Too many leaders, especially on the progressive left, have been slow—or worse, silent—when antisemitism rears its head. Some are quick to issue statements against Islamophobia or racism, but when a Jewish community is targeted, the words come late, if at all. That double standard must end.
Condemnation must be swift, unequivocal, and bipartisan. From the halls of Congress to city councils and campuses, we need to stop treating antisemitism as a niche issue and start recognizing it for what it is: a frontline threat to pluralism, democracy, and the basic safety of American Jews.
President Donald Trump condemned the killings as "based obviously on antisemitism" and emphasized that "hatred and radicalism have no place in the USA".
In the wake of this incident, the Trump administration has reiterated its commitment to combating antisemitism. Earlier this year, President Trump signed Executive Order 14188, titled "Additional Measures to Combat Anti-Semitism," which mandates federal agencies to utilize all available legal tools to address antisemitic harassment and violence. This order expands upon a previous 2019 directive and specifically targets antisemitism in educational settings, directing agencies to monitor and report activities related to antisemitism, especially in the context of campus protests following the October 7, 2023, Hamas attacks.
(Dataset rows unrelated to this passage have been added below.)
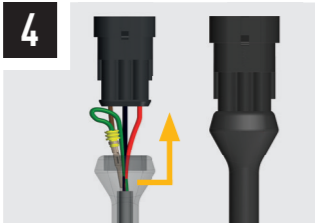

ELECTRICAL CONNECTION

TRIPLE-R 750

TRIPLE-R 750 ELITE / WIDE

TRIPLE-R 750 BEACON

Please refer to the instructions included with the lamps.

LAMP CONNECTOR INFORMATION

TRIPLE-R POSITION LIGHT FUNCTION (OPTIONAL)

BROWN WIRE
AMBER POSITION LIGHT

GREEN WIRE
WHITE POSITION LIGHT

1

2

3

4

E9 UNECE REGULATIONS

Please scan the QR code to view all UNECE Certificates and information.

CANBUS INTEGRATION (SOLD SEPERATELY)

For vehicles where it is not possible to locate a 12V high beam signal, it will be necessary to take the high beam signal from the vehicle's CAN system. For connection options please visit the Lazer Lamps website, or contact your nearest dealer.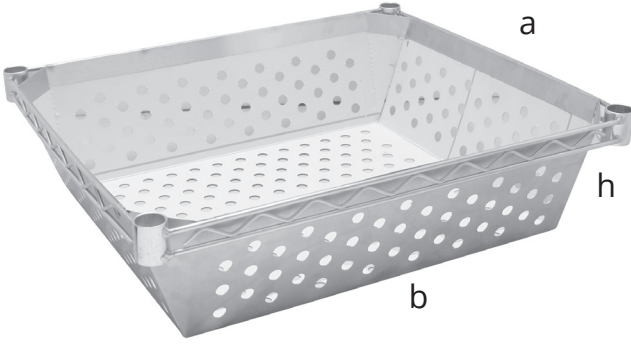

FRUIT & VEGETABLE CONTAINER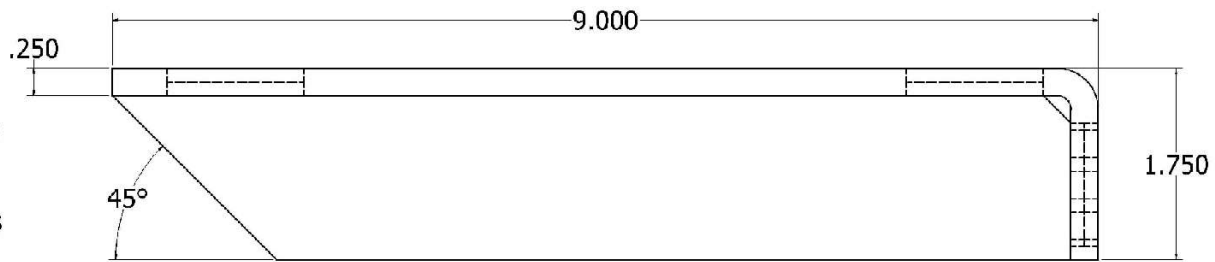

Floating Shelf Bracket 9"

3X

DATE	07/1/2017	TITLE	
CHECKED			
QTY		9x1 3/4x1/4	
REV			
APPROVED		SD1	9x1.75x.25
		REV	
		QTY	2
		REV	1
		QTY	1

We need prosecution. We need education. We need tech companies to take responsibility for the hate they platform. We need community leaders willing to speak up even when it’s inconvenient.
And we need solidarity—across faiths, ideologies, and identities. Because this is not just about Jewish safety. It’s about what kind of country we want to live in.
Yaron Lischinsky and Sarah Milgrim should still be alive. Their murders should not be just another entry in the ADL’s annual report. They should be a wake-up call.
The question is whether we’re willing to wake up.